- _About this exercise_: Would you output the entries below only from the line containing "tiftpdf - www.rubissoftware.com" through the line containing "Sími: 5651510. Netfang: teiknistofan@islandia.is", exactly as they stand and with both ends included?

- _The data_:
- Opening Delimiter -

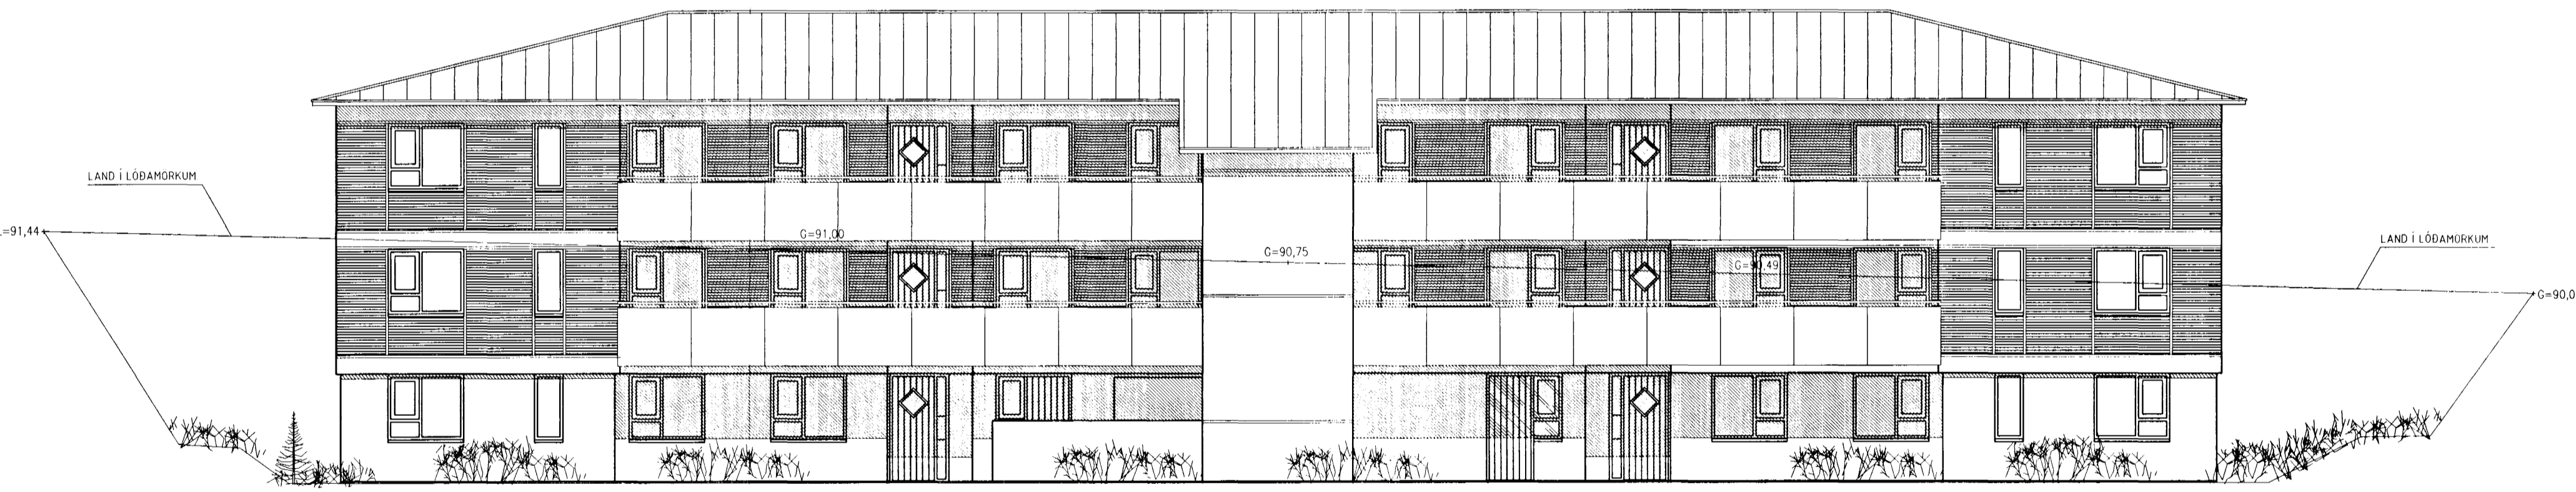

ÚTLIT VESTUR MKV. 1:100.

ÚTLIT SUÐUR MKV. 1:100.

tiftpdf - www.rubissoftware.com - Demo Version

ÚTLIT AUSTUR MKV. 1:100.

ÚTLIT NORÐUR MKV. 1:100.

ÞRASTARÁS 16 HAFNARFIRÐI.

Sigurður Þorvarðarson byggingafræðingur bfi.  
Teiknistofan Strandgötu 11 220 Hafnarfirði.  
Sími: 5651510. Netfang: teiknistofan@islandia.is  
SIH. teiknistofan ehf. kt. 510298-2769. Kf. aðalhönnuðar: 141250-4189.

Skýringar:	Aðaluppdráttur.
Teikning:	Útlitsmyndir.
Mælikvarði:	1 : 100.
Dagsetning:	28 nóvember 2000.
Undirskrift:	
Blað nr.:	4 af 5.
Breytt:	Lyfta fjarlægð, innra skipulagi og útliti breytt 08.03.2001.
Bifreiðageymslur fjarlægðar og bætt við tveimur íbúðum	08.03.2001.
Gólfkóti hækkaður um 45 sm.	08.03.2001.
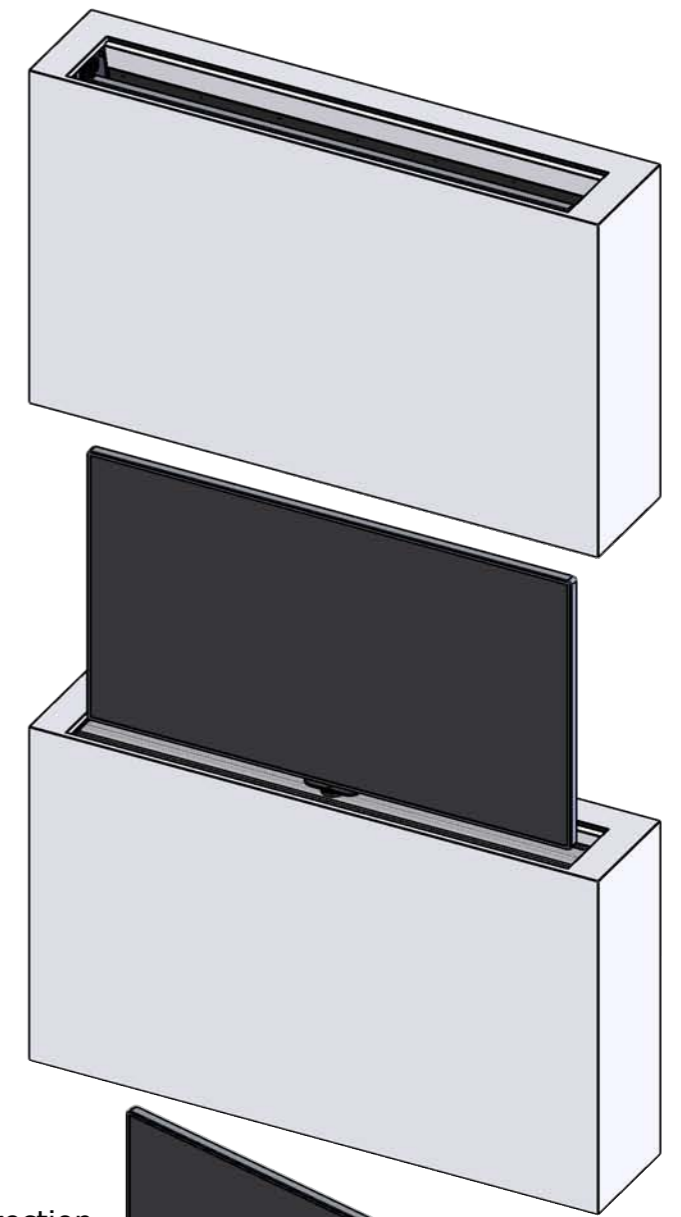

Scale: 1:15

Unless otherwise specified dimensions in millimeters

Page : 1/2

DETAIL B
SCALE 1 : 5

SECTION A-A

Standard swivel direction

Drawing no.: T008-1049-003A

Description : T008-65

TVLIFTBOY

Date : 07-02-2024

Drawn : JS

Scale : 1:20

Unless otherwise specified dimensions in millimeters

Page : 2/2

- Closing Delimiter -
- Opening Delimiter -

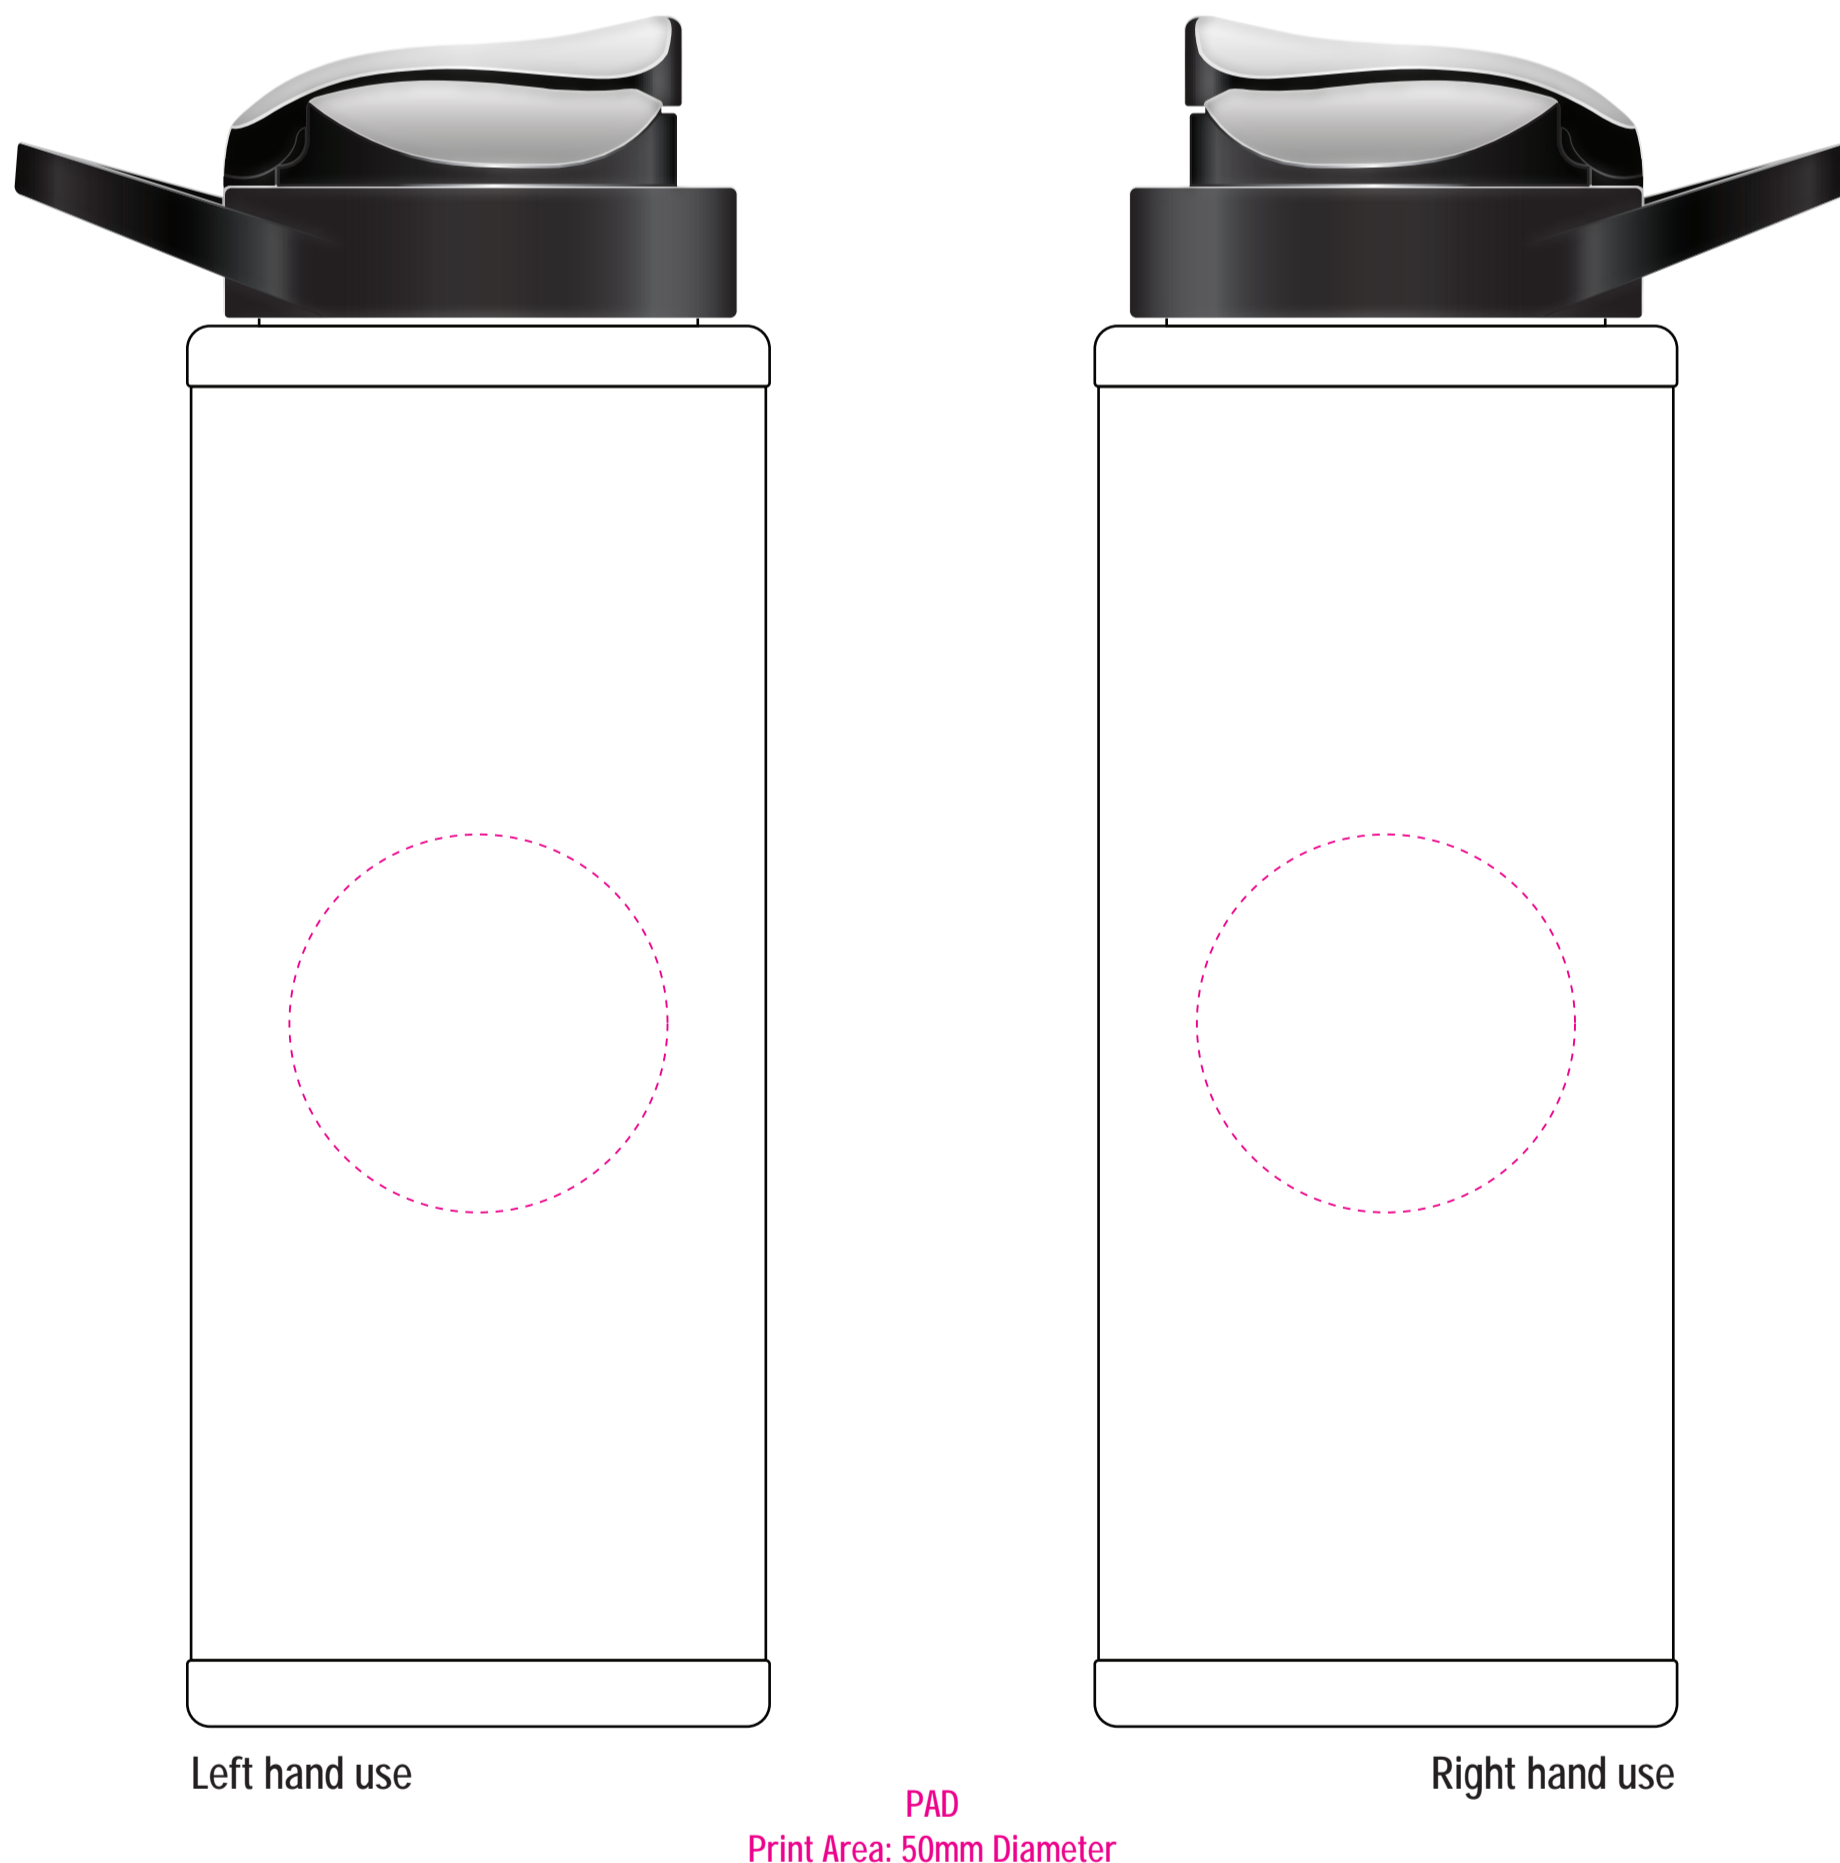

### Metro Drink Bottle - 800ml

- Closing Delimiter -

- _Answer to this task_:
tiftpdf - www.rubissoftware.com - Demo Version

ÚTLIT AUSTUR MKV. 1:100.

ÚTLIT NORÐUR MKV. 1:100.

ÞRASTARÁS 16 HAFNARFIRÐI.

Sigurður Þorvarðarson byggingafræðingur bfi.  
Teiknistofan Strandgötu 11 220 Hafnarfirði.  
Sími: 5651510. Netfang: teiknistofan@islandia.is  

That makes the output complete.